### GOAL OF THE EXERCISE
Each line of the material below that holds the word "Black" needs to be copied.

+++++

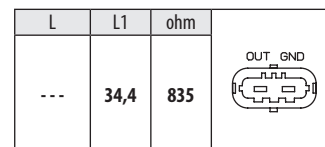

RENAULT TRUCKS		
C	DT11-122HH, DT11-122HI, DT11-122HJ, DT113-122HK, DT113-122HL, DT113-122HM, DT18-122HQ, DT18-122HR, DT18-122HS	01/13 ⇨
D	DT15-122HN, DT15-122HP, DT18-122HQ, DT18-122HR, DT18-122HS	01/13 ⇨
K	DT11-122HH, DT11-122HI, DT11-122HJ, DT113-122HK, DT113-122HL, DT113-122HM	01/13 ⇨
KERAX	dC11-270, dC11C, dC11E, dC11G	01/01 ⇨
MAGNUM	DX113	05/06 ⇨
MIDLUM	DC14-B, DC14-C, DC16-A, DC16-W	10/01 ⇨
PREMIUM	dC11B/43, dC11C, dC11E, dC11G, DC16-A	08/00 ⇨
PREMIUM 2	DX11, DX17	10/05 ⇨
T	DT11-122HH, DT11-122HI, DT11-122HJ, DT113-122HK, DT113-122HL, DT113-122HM	01/13 ⇨
VOLVO		
7700	D9B260, D9B310, D9B360, 69A300	06/06 ⇨
7900	D5K240	08/16 ⇨
8300	D9A340, D9B260, D9B310, D9B340, D9B360, D9B380	01/06 ⇨
8500	D12D340, D9B360, DH12D340, DH12D380, DH12D420	01/97 ⇨
8700	D7E290, DH12D340, DH12D380, DH12D420, DH12E340, DH12E380	01/97 ⇨
8900	D8K280, D8K320, D8K350	08/16 ⇨
9400	D9A340, D9B260, D9B310, D9B340, D9B360, D9B380	01/06 ⇨
9500	D8K320, D8K350, D9B380	10/10 ⇨
9700	D11K430, D11K460, D13C420, D13C460, D13C500, DH12D340, DH12D380, DH12D420, DH12E340, DH12E380, DH12E420, DH12E460	04/01 ⇨
9900	D11K430, D11K460, D13C420, D13C460, DH12D420, DH12E420, DH12E460	10/01 ⇨
B11	D11C330, D11C370, D11C410, D11K380, D11K430, D11K460	09/11 ⇨
B12	D12C420, D12D380, D12D420, DH12D340, DH12E340, DH12E380, DH12E420, DH12E460	02/06 ⇨
B6	D7E290	01/91 ⇨ 12/06
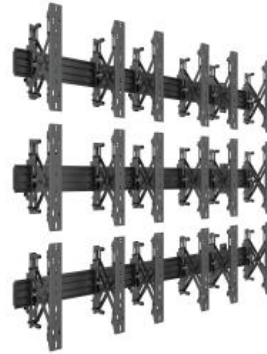

Specification

M Wallmount Pro MBW3xU Push In Pop Out Black

Article No:	7 350 073 735 051
For screen size:	32"-55"
Type:	Single Side MBW3U
Universal & VESA standard:	100x100,200x100, 200x200,300x300,400x200,400x400
Material:	Steel, Aluminium, Plastic
Color:	Black
Surface Finish:	Powder coating
Weight:	64 kg
Measurements	104 x 54.2 x 27.1cm per row
Max Load:	50kg (TUV30kg) Per screen
Height adjustment:	Yes, 0-10mm
Rotate adjustment:	Yes, $\pm 4^\circ$
Tilt adjustment:	Yes, $\pm 4^\circ$
Cable Management:	Yes
Options:	M Pro Series Parts
Certifications:	CE
Warranty:	5 years

Please note: Multibrackets products and specifications are in constant change.

View the latest specifications, drawings and images for this product on www.multibrackets.com/5051

+++++

### TASK RESULT
M Wallmount Pro MBW3xU Push In Pop Out Black
Color:	Black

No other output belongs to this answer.